Motivation and topics of interest

This half-day-workshop aims to encourage the researchers and developers
to foster the utilization of freely available Arabic corpora and open
source Arabic corpora processing tools and help in highlighting the
drawbacks of these resources and discuss techniques and approaches on
how to improve them. The workshop topics include but not limited to:

- Surveying and criticizing the design of freely available Arabic
  corpora, their associated tools and stand alone Arabic corpora
  processing tools.

- The applications and uses of freely available Arabic language
  resources in fields such as Arabic language education e.g. L1 and L2.
- Arabic language modeling.
- Corpus based Arabic lexigraphy.
- Lexical semantics and word sense.
- Corpus based Arabic syntactic.
- Corpus based Arabic morphology.
- Development of Arabic mobile applications based on the available
  Arabic language resources.
- Evaluation and assessment of Arabic Corpora and Corpora Processing
  Tools.
- Future directions of Free/Open Arabic Corpora and Corpora Processing
  Tools.

Organising Committee

- Hend Al-Khalifa, King Saud University, KSA
- Abdulmohsen Al-Thubaity, King Abdul Aziz City for Science and
  Technology, KSA

Program Committee

- Eric Atwell, University of Leeds, UK
- Khaled Shaalan, The British University in Dubai (BUiD), UAE
- Dilworth Parkinson, Brigham Young University, USA
- Nizar Habash, Columbia University, USA
- Khurshid Ahmad, Trinity College Dublin, Ireland
- Abdulmalik AlSalman, King Saud University, KSA
- Maha Alrabiah, King Saud University, KSA
- Saleh Alosaimi, Imam University, KSA
- Sultan almujaiwel, King Saud University, KSA
- Adam Kilgarriff, Lexical Computing Ltd, UK
- Amal AlSaif, Imam University, KSA
- Maha AlYahya, King Saud University, KSA
- Auhood AlFaries, King Saud University, KSA
- Salwa Hamada, Taibah University, KSA
- Mansour Algamdi, King Abdul Aziz City for Science and Technology, KSA
- Abdullah Alfaifi, University of Leeds, UK

Important Dates

- Submission deadline: 10 February 2014
- Notification of acceptance: 10 March 2013
- Final submission of manuscripts: 21 March 2014
- Workshop date: 27 May 2014 (morning session)

Submissions

The language of the workshop is English and submissions should be with
respect to LREC 2014 paper submission instructions.
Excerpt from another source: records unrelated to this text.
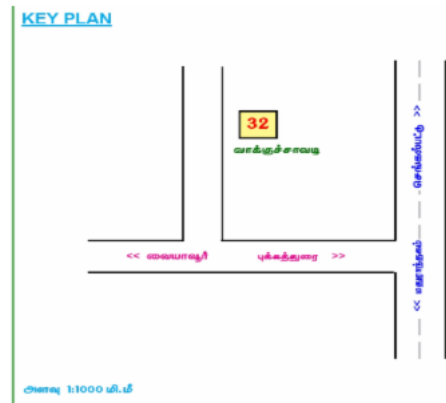

Google Map View

Polling Station Building Front View

Polling Station Front View

Cad View

Key MAP View

1 பெயர் : கோவிந்தசாமி தந்தை பெயர் : வேதாசலம் வீட்டு எண் : 1 வயது : 72 பாலினம் : ஆண் Photo is available	TDG1244904	2 பெயர் : சின்னப்பொன்னு கணவர் பெயர் : கோவிந்தசாமி வீட்டு எண் : 1 வயது : 66 பாலினம் : பெண் Photo is available	TDG1244912	3 பெயர் : பாலசுந்தரம் தந்தை பெயர் : கோவிந்தசாமி வீட்டு எண் : 1 வயது : 51 பாலினம் : ஆண் Photo is available	MNY1948504
4 பெயர் : நிர்மலா கணவர் பெயர் : பாலசுந்தரம் வீட்டு எண் : 2 வயது : 46 பாலினம் : பெண் Photo is available	MNY1948363	5 பெயர் : ராணி கணவர் பெயர் : கந்தன் வீட்டு எண் : 2 வயது : 42 பாலினம் : பெண் Photo is available	MNY1947720	6 பெயர் : யுவராஜ் தந்தை பெயர் : கந்தன் வீட்டு எண் : 2 வயது : 27 பாலினம் : ஆண் Photo is available	TDG0996686
7 பெயர் : யுவராணி தந்தை பெயர் : கந்தன் வீட்டு எண் : 2 வயது : 25 பாலினம் : பெண் Photo is available	TDG1079375	8 பெயர் : பூபதி கணவர் பெயர் : பச்சை வீட்டு எண் : 3 வயது : 86 பாலினம் : பெண் Photo is available	TDG1244920	9 பெயர் : கங்கா கணவர் பெயர் : விஜயகுமார் வீட்டு எண் : 3 வயது : 43 பாலினம் : பெண் Photo is available	TDG0262949
10 பெயர் : ஸ்ரீநிதி தந்தை பெயர் : விஜயகுமார் வீட்டு எண் : 3 வயது : 21 பாலினம் : பெண் Photo is available	TDG2128536	11 பெயர் : பெருமாள் தந்தை பெயர் : அன்னப்பன் வீட்டு எண் : 4 வயது : 57 பாலினம் : ஆண் Photo is available	TDG1244946	12 பெயர் : கிருஷ்ணவேணி கணவர் பெயர் : பெருமாள் வீட்டு எண் : 4 வயது : 54 பாலினம் : பெண் Photo is available	TDG1244953
13 பெயர் : செல்லப்பன் தந்தை பெயர் : அன்னப்பன் வீட்டு எண் : 4 வயது : 46 பாலினம் : ஆண் Photo is available	MNY1274885	14 பெயர் : ஹேமாவதி தந்தை பெயர் : பெருமாள் வீட்டு எண் : 4 வயது : 24 பாலினம் : பெண் Photo is available	TDG2128189	15 பெயர் : ரிஷிபெருமாள் பா தந்தை பெயர் : பாலசுந்தரம் வீட்டு எண் : 4 வயது : 20 பாலினம் : ஆண் Photo is available	TDG2146637
16 பெயர் : ஆறுமுகம் தந்தை பெயர் : சித்திரை வீட்டு எண் : 5 வயது : 64 பாலினம் : ஆண் Photo is available	TDG1244961	17 பெயர் : சங்கமலம் கணவர் பெயர் : ஆறுமுகம் வீட்டு எண் : 5 வயது : 57 பாலினம் : பெண் Photo is available	TDG1244979	18 பெயர் : சீனுவாசன் தந்தை பெயர் : ஆறுமுகம் வீட்டு எண் : 5 வயது : 37 பாலினம் : ஆண் Photo is available	TDG0011445
19 பெயர் : கோவிந்தம்மாள் கணவர் பெயர் : மாரிமுத்து வீட்டு எண் : 6 வயது : 68 பாலினம் : பெண் Photo is available	TDG1244995	20 பெயர் : சங்கர் தந்தை பெயர் : மாரிமுத்து வீட்டு எண் : 6 வயது : 42 பாலினம் : ஆண் Photo is available	MNY1274919	21 பெயர் : சிவகாமி கணவர் பெயர் : சங்கர் வீட்டு எண் : 6 வயது : 39 பாலினம் : பெண் Photo is available	TDG0249326
22 பெயர் : ஆண்டாள் கணவர் பெயர் : துரை வீட்டு எண் : 7 வயது : 64 பாலினம் : பெண் Photo is available	MNY1948330	23 பெயர் : சகுந்தலா கணவர் பெயர் : அமாவாசை வீட்டு எண் : 8 வயது : 64 பாலினம் : பெண் Photo is available	TDG1245018	24 பெயர் : சகுந்தலா இதரர் பெயர் : மதுரைமுத்து வீட்டு எண் : 8 வயது : 38 பாலினம் : பெண் Photo is available	TDG0249334
25 பெயர் : மணிமேகலை கணவர் பெயர் : இளங்கோ வீட்டு எண் : 8 வயது : 38 பாலினம் : பெண் Photo is available	TDG0550780	26 பெயர் : ப்ரவின் குமார் தந்தை பெயர் : ரமேஷ் வீட்டு எண் : 8 வயது : 30 பாலினம் : ஆண் Photo is available	TDG0664516	27 பெயர் : நாகப்பன் தந்தை பெயர் : வேதன் வீட்டு எண் : 9 வயது : 64 பாலினம் : ஆண் Photo is available	TDG1245026
28 பெயர் : நவந்தம் கணவர் பெயர் : நாகப்பன் வீட்டு எண் : 9 வயது : 56 பாலினம் : பெண் Photo is available	TDG1245034	29 பெயர் : கோபாலகிருஷ்ணன் தந்தை பெயர் : நாகப்பன் வீட்டு எண் : 9 வயது : 42 பாலினம் : ஆண் Photo is available	MNY1948132	30 பெயர் : கணேசன் தந்தை பெயர் : வேதன் வீட்டு எண் : 10 வயது : 55 பாலினம் : ஆண் Photo is available	TDG1245042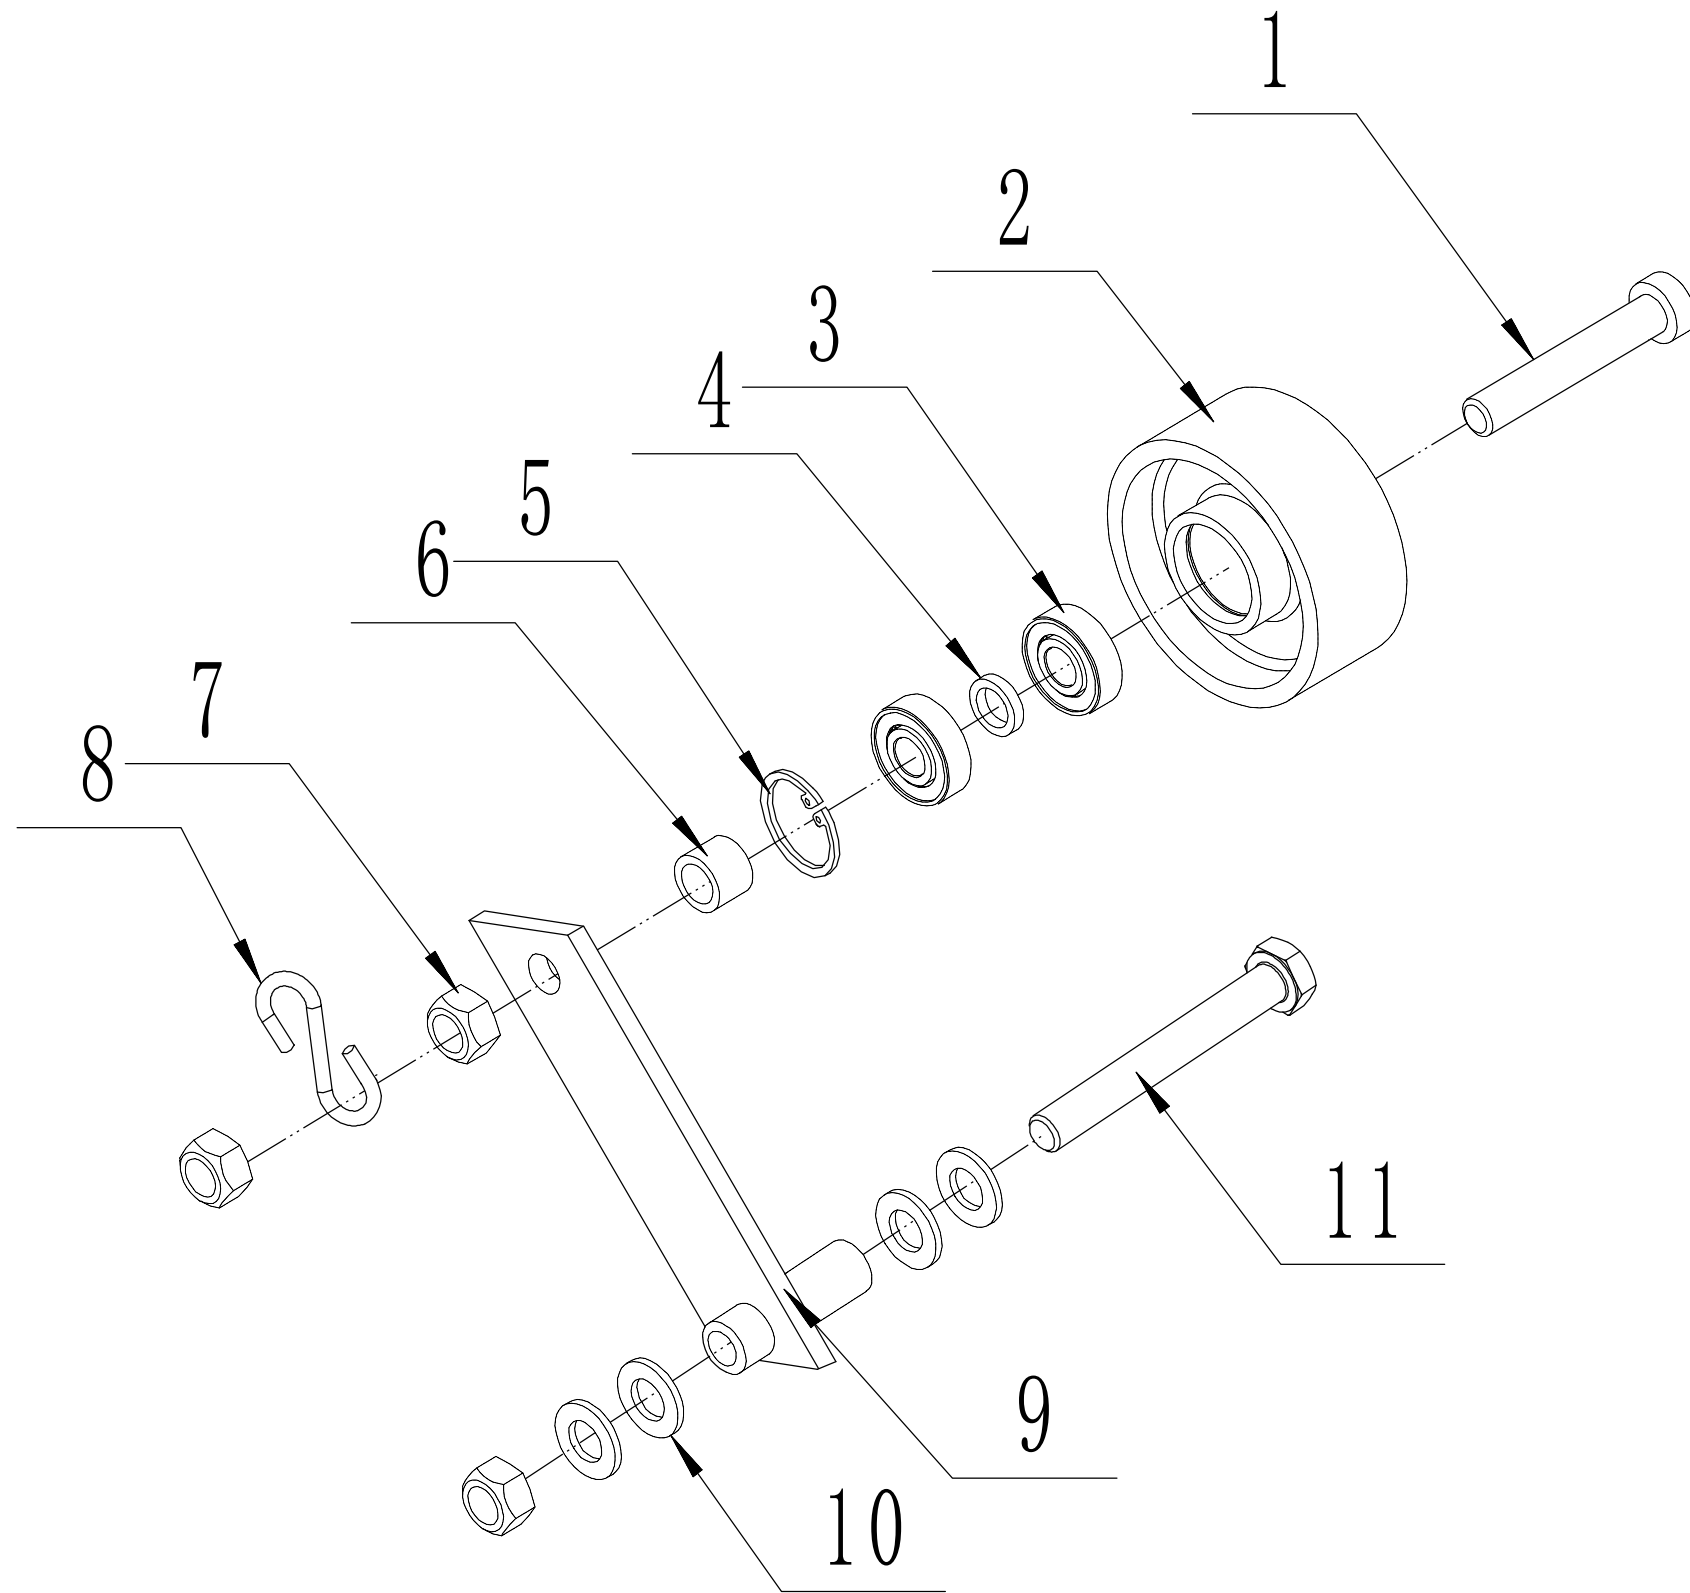

# 4 Tensional device

4 Tensional device parts list			
No.	Part number	Name_English	Qty
1	UA516-00032	Screw - M10x60	1
2	UA516-00033	Tensional Wheel	1
3	UAE55-00016	Bearing	2
4	UA516-00034	Partition I	1
5	UAE55-00017	Check ring	1
6	UA516-00026	Partition II	1
7	UT160-00022	Nut - M10	3
8	UAE55-00076	Hook	1
9	UA516-00036	Tensional Wheel frame	1
10	U455-00029	Washer - 10	4
11	UA516-00037	Bolt - M10x80	1

# 5 Front wheel

5 Front wheel parts list			
No.	Part number	Name_English	Qty
1	U506-00064	Bolt - 8x20	4
2	UV160-00085	Bearing	2
3	U455-00061	Washer - 8	4
4	UAE55-00062	Nut - M8	4
5	UA516-00038	Check ring	2
6	UA516-00035	Screw - M8x16	4
7	UA516-00039	Key - 6x60	2
8	UA516-00040	Front axle	1
9	UAE55-00041	Front wheel	2
10	UA516-00041	Front wheel partition	1
11	UA516-00042	Bolt - M8x20	1
12	UA516-00043	Sproket 2	1
13	US270-00059	Key - 6x25	1
14	UA516-00008	Bolt - M8x16	1

# 7 Big pulley

7			
Big pulley parts list			
No.	Part number	Name_English	Qty
1	U506-00064	Bolt - 8x20	4
2	UV160-00085	Bearing	2
3	U455-00061	Washer	4
4	UAE55-00062	Nut - M8	4
5	UA516-00051	Small sproket	1
6	UA516-00052	Chain	1
7	UA516-00053	Pulley shaft	1
8	UAE55-00023	Key - 6x30	1
9	US270-00059	Key - 6x25	1
10	UA516-00054	Big pulley	1
11	UAE55-00052	Washer - 8	1
12	U455-00053	Spring washer - 8	1
13	U537-00060	Bolt - 8x20	1
14	UA516-00055	Belt	1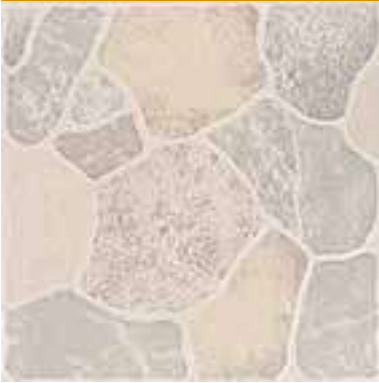

MATONE

Gris
44x44cm

Rojo
44x44cm

Exterior Baño Caras 5c8 Piso PEI III    cerámica

PIEDRARIU

Café
44x44cm

Exterior Piso PEI III   cerámica

PIEDRA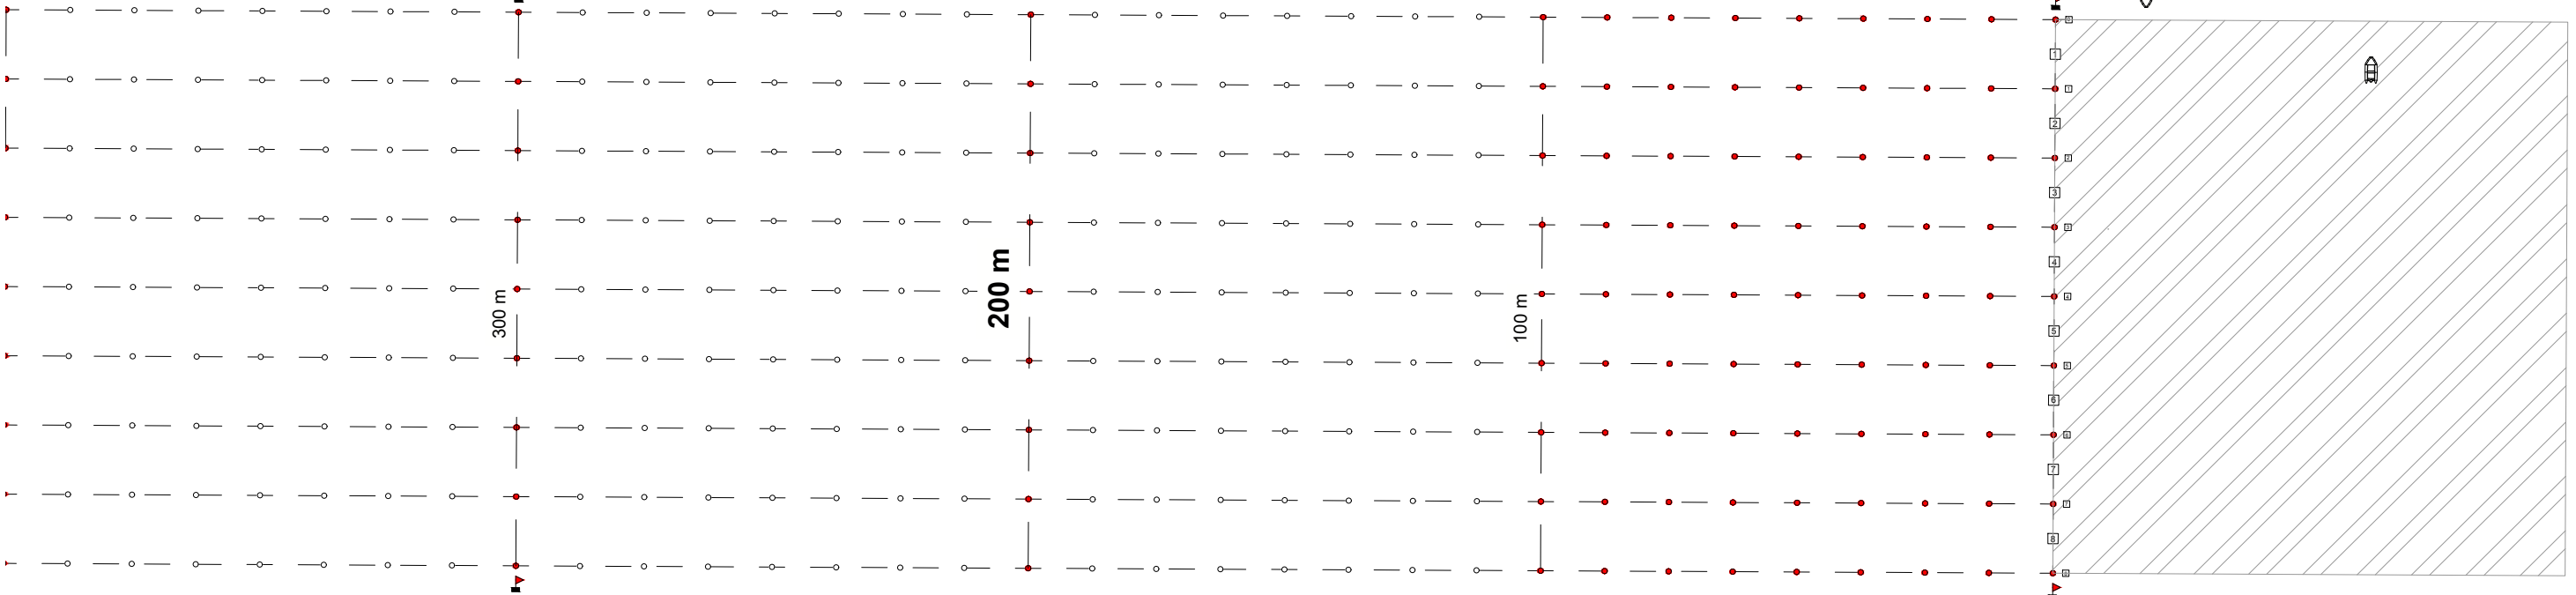

VÍZRESZÁLLÓ STÉGEK

KIKÖTŐ STÉG

KIKÖTŐ STÉG

DÍJÁTADÁS

FA PONTON 2X24M

EASYFLOAT PONTON 2,4X18M

FA PONTON 2X12M

FA PONTON 2X12M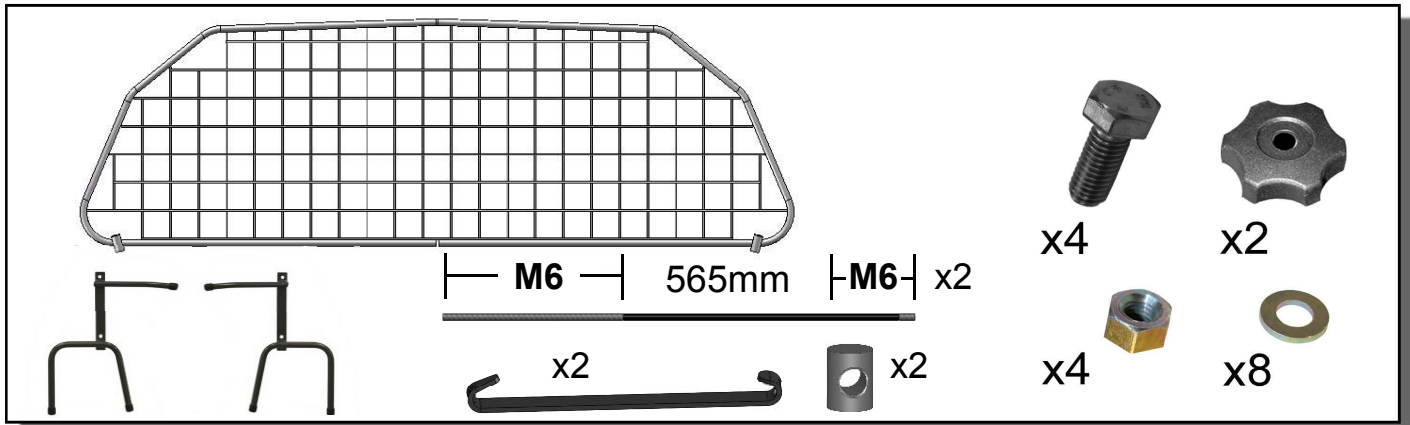

TDG 1118

FITTING INSTRUCTION / INSTRUCTION DE MONTAGE / EINBAUANLEITUNG /
ISTRUZIONI PER L'USO / INSTRUCCIONES DE MONTAJE / MONTAGEHANDLEIDUNG

MITSUBISHI OUTLANDER / CITROEN C-CROSSER /
PEUGEOT 4007

DOG GUARD / GRILLE PROTECTRICE POUR CHIEN / HUNDEGITTER /
RIPARO PER CANI / DEFENSA PARA PERROS / HONDEREK

TDG 1118

FITTING INSTRUCTION / INSTRUCTION DE MONTAGE / EINBAUANLEITUNG /
ISTRUZIONI PER L'USO / INSTRUCCIONES DE MONTAJE / MONTAGEHANDLEIDING

MITSUBISHI OUTLANDER / CITROEN C-CROSSER /
PEUGEOT 4007

DOG GUARD / GRILLE PROTECTRICE POUR CHIEN / HUNDEGITTER /
RIPARO PER CANI / DEFENSA PARA PERROS / HONDEREK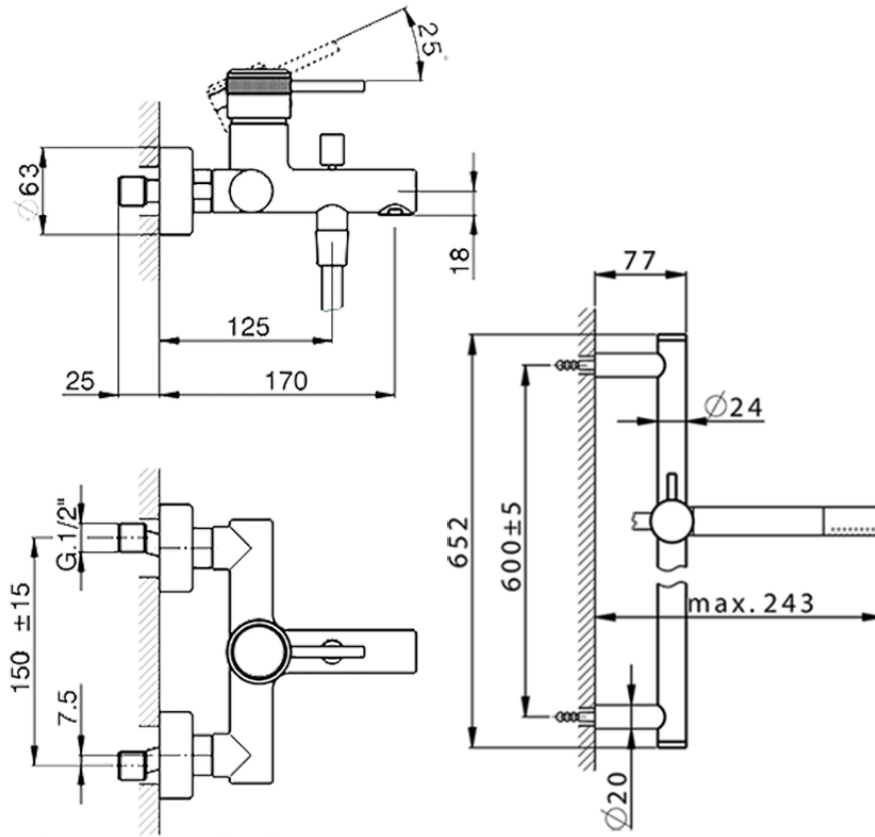

Miscelatore monocomando vasca completo CHRONOS_CR000060

CR000060

<http://www.huberitalia.com/miscelatore-monocomando-vasca-completo-chronos-cr000060>

2025-04-04

All papers will be
peer reviewed possibly by three independent referees. Papers must be
submitted electronically in PDF format to the START
system<https://www.softconf.com/lrec2014/OSACT/>. When submitting a
paper from the START page, authors will be asked to provide essential
information about resources (in a broad sense, i.e. also technologies,
standards, evaluation kits, etc.) that have been used for the work
described in the paper or are a new result of your research. Moreover,
ELRA encourages all LREC authors to share the described LRs (data,
tools, services, etc.), to enable their reuse, replicability of
experiments, including evaluation ones, etc.